Regardless of it, alcohol intake increasingly overshadows all other activity unless the process is stopped in time. This leads to the complication of the person’s social situation, absenteeism increases, and health care needs grow; in longer term, such people are threatened with a premature death.
Heavy or long-term alcohol addiction can lead to epileptic seizures or delirium tremens at the sudden interruption. A rule of thumb is that the corresponding 70 cl of spirits per day without a break for three weeks increases the risk of epileptic seizures and delirium tremens, which are both so-called withdrawal complications. A person with pronounced alcohol addiction should always be evaluated by an experienced physician in order to determine if there is a risk of withdrawal complications.

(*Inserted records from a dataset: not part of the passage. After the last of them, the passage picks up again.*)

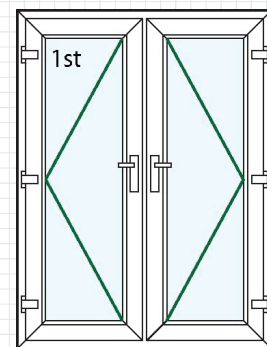

SPECIFICATION DATABASE

PWSL - 8/24 - V1.0

Royale
Collection

PVCu Size Restrictions

Although products can exceed these dimensions - these are the guaranteed maximums

Side Hung
Max Width = 700mm
Max Height = 1300mm

Top Hung
Max Width = 1300mm
Max Height = 1300mm

Maximum Width & Height is limited to 1240mm on Flush Sash Top Hung Casements

Tilt and Turn
Max Width = 1350mm
Max Height = 2200mm

Single Door
Max Width = 1000mm
Max Height = 2200mm

French Door
Max Width = 1800mm
Max Height = 2200mm

Doors exceeding 2200mm High require Shootbolts

Doors exceeding 1000mm Wide require 4 Hinges

2 Pane Slider 24
Max Width = 3000mm
(Above 2600mm Wide Requires 6mm Glass)
Max Height = 2400mm

4 Pane Slider 24
Max Width = 5400mm
(Above 5000mm Wide Requires 6mm Glass)
Max Height = 2400mm

3 Pane Slider 24
Max Width = 4500mm
(Above 3800mm Wide Requires 6mm Glass)
Max Height = 2400mm

TripleTrack Slider
Max Width = 5400mm
(Above 3800mm Wide Requires 6mm Glass)
Max Height = 2400mm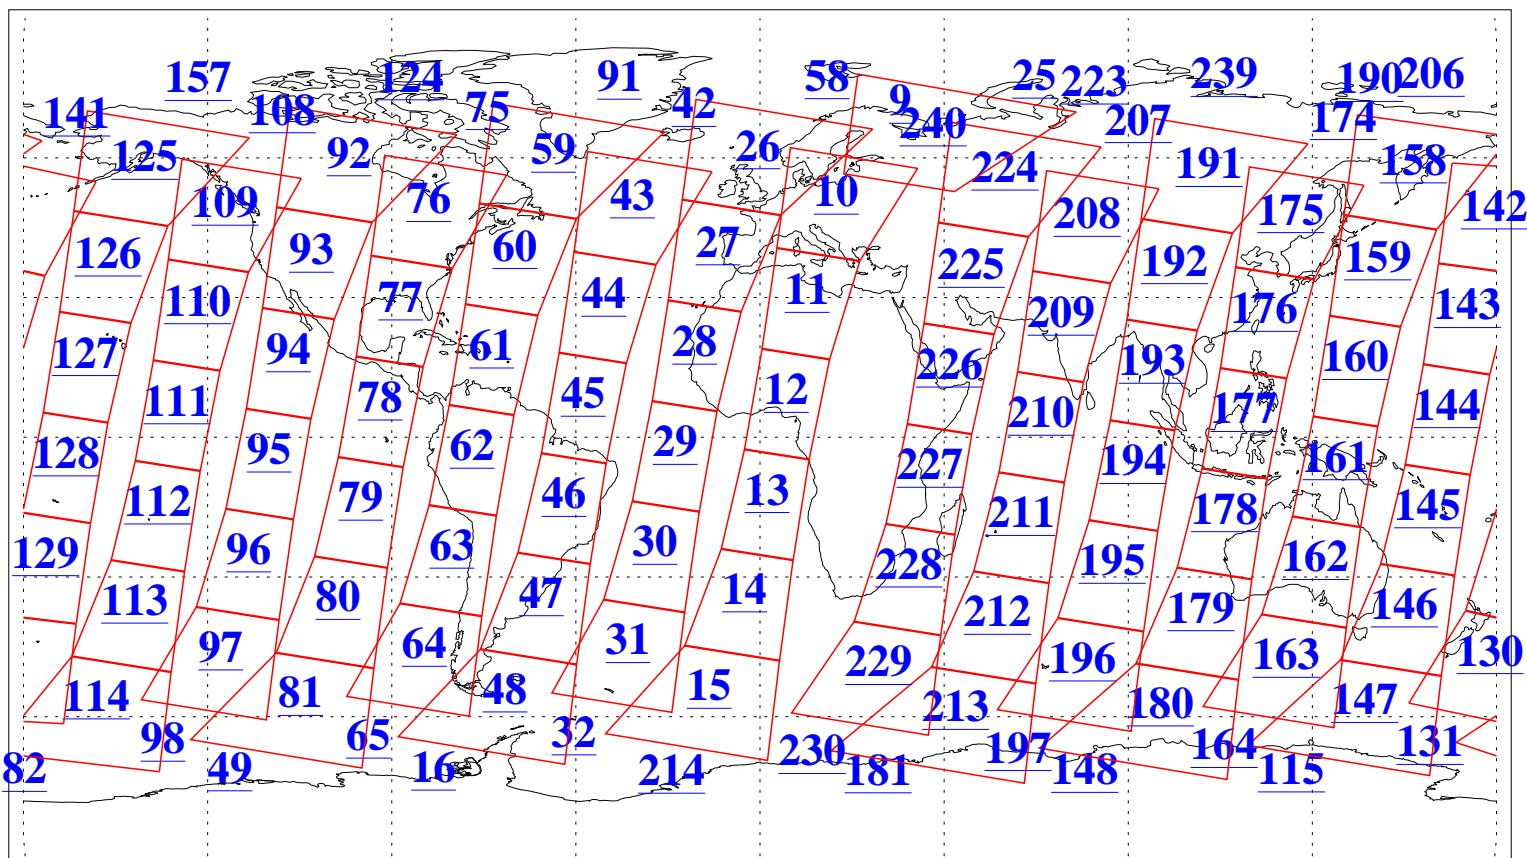

Legend: AMSU Available, HSB Available, AIRS Available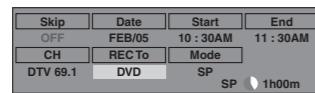

5 Timer Recording

1 Press [TIMER PROG.].

2 Select "New Program".

3 Enter the date.

4 Enter the start and end time.

5 Select analog ("- - -") / digital ("DTV") mode or external input ("L1" / "L2").

6 Select **HDD** or **DVD**.

7 Select desired recording mode.

8 Press [OK] when all items are entered.

6 One-touch Dubbing

Before dubbing, make sure
HDD
 Remaining recordable space of the HDD is enough.
DVD
 Insert recordable disc with enough recordable space.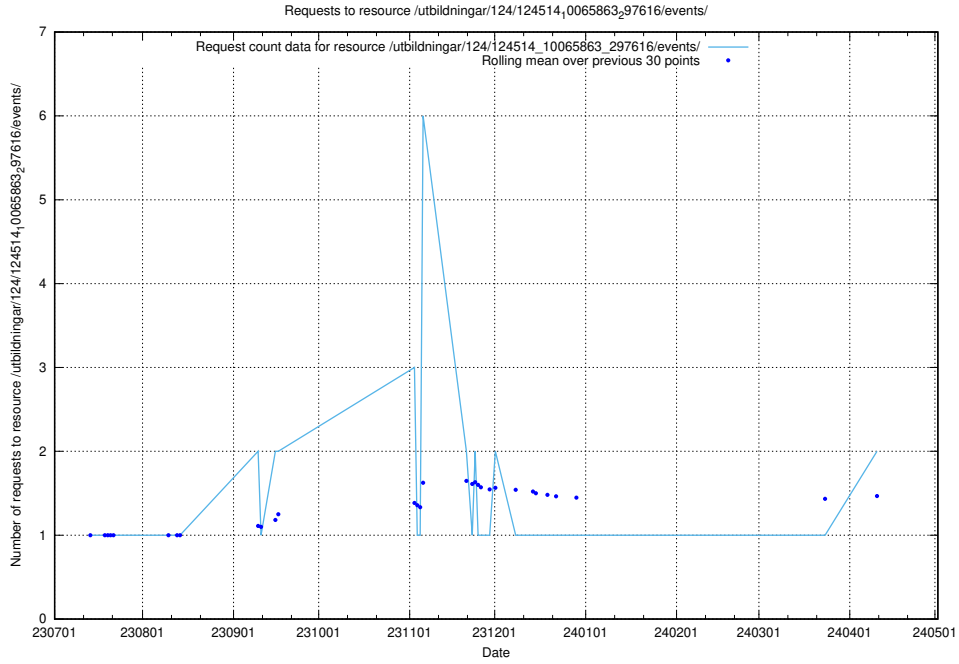

5.869 Usage of /utbildningar/124/124514_10065863_297616/events/

Here, we count the number of requests to resource /utbildningar/124/124514_10065863_297616/events/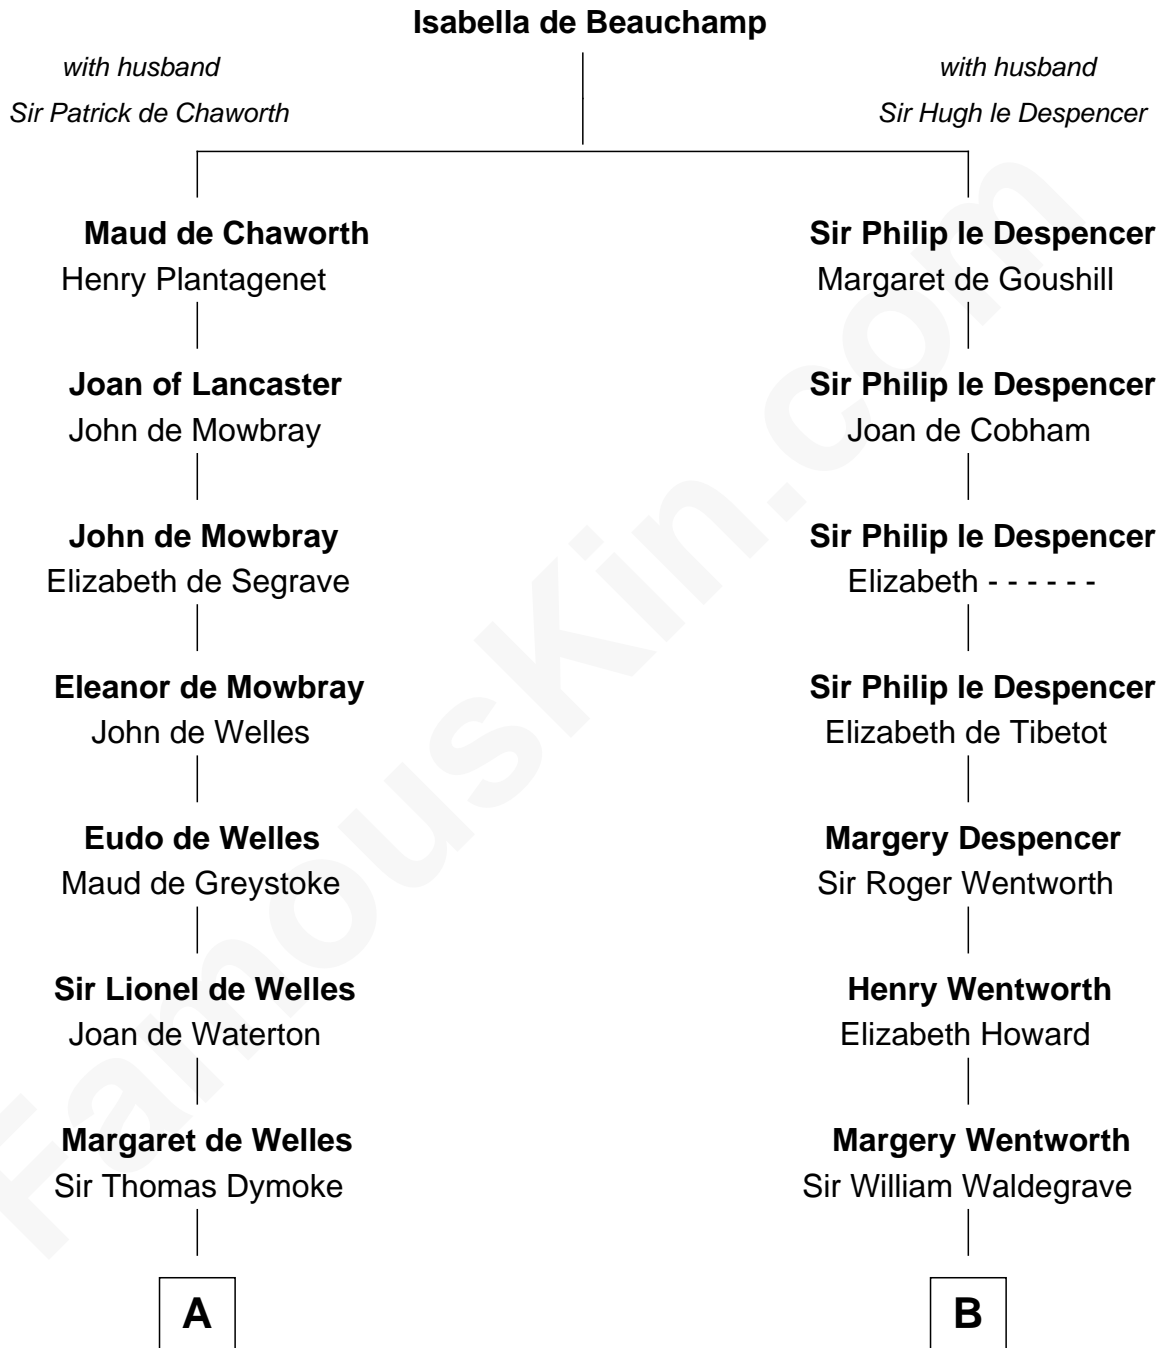

FamousKin.com

Relationship Chart of

Thomas Nelson

Signer of the Declaration of Independence

15th cousin 6 times removed of

Bob Moore

Co-Founder, Bob's Red Mill

C

—
Morris Fox

Sarah A. Smith

—
Violette Fox

Daniel Francis Learnard

—
Clinton Morris Learnard

Gertrude Maud Yost

—
Doris Dell Learnard

Kenneth Earl Moore

—
Bob Moore

Co-Founder, Bob's Red Mill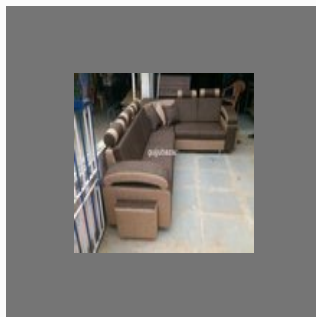

Gujju Furniture

<https://www.indiamart.com/gujjufurniture/>

Established as a **Sole Proprietorship** firm in the year **2011**, we “**Gujju Furniture**” are a leading **Manufacturer** of a wide range of **Wooden Office Table**, etc.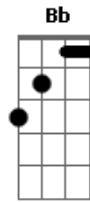

© ukulele-chords.com

In smaller towns where specialized dependent care is not available, it is common for psychiatrists making such assessments.
The terms alcohol addiction, alcoholism, and alcoholic can be perceived as stigmatizing and therefore many sufferers, as well as health care workers, prefer the states to be referred to as defined dependence or abuse which also is medically accurate. Precisely for this reason, national guidelines for substance abuse and addiction treatment services were published in 2007. Since then, new therapies have been introduced and new methods for the detection and prevention have emerged in health and social care. There is therefore a need for a revision of the current guidelines in order to better guide the health care and social services in the use of these methods, such has begun and is expected to be completed in 2013.
According to the medical science, alcohol addiction is abuse and dependence disorders with diagnostic classification, but not hazardous drinking which is considered a lifestyle factor. It is noteworthy also that the diagnoses abuse and dependence refer to symptoms over a 12 month period, which means that the generally accepted view about substance-related disorders “once ill – always sick” is questioned. In the book “Heavy drinking: the myth of alcoholism as a disease” Herbert Fingarette takes up research exploring the previously used concept of disease. Fingarette writes that the research did not find scientific evidence regarding individual medical / clinical perspective. Craving mechanism was refuted. Loss of control mechanism was refuted. Release of substances in depleting of alcohol dependence was refuted. Uncontrolled drinking (behavior) when consuming alcohol was refuted. Total abstinence to alcohol a requirement for continued ” life ” and freedom from abuse was refuted. Family history as a cause of abuse was refuted. Operant conditioning as a mechanism was refuted.
The health service conducts evidence-based outpatient treatment for alcohol abuse or dependence, such as various forms of drug treatment and relapse prevention with foundation in cognitive behavioral therapy; often so-called dependent receptions model is common. A person with severe withdrawal symptoms may need to be cared for in hospital to hospital to avoid the risk of severe complications such as seizures.
The social services in each municipality provides specific treatment for alcohol abuse and dependence, as well as organizing in the current situation further treatment interventions (e.g., treatment).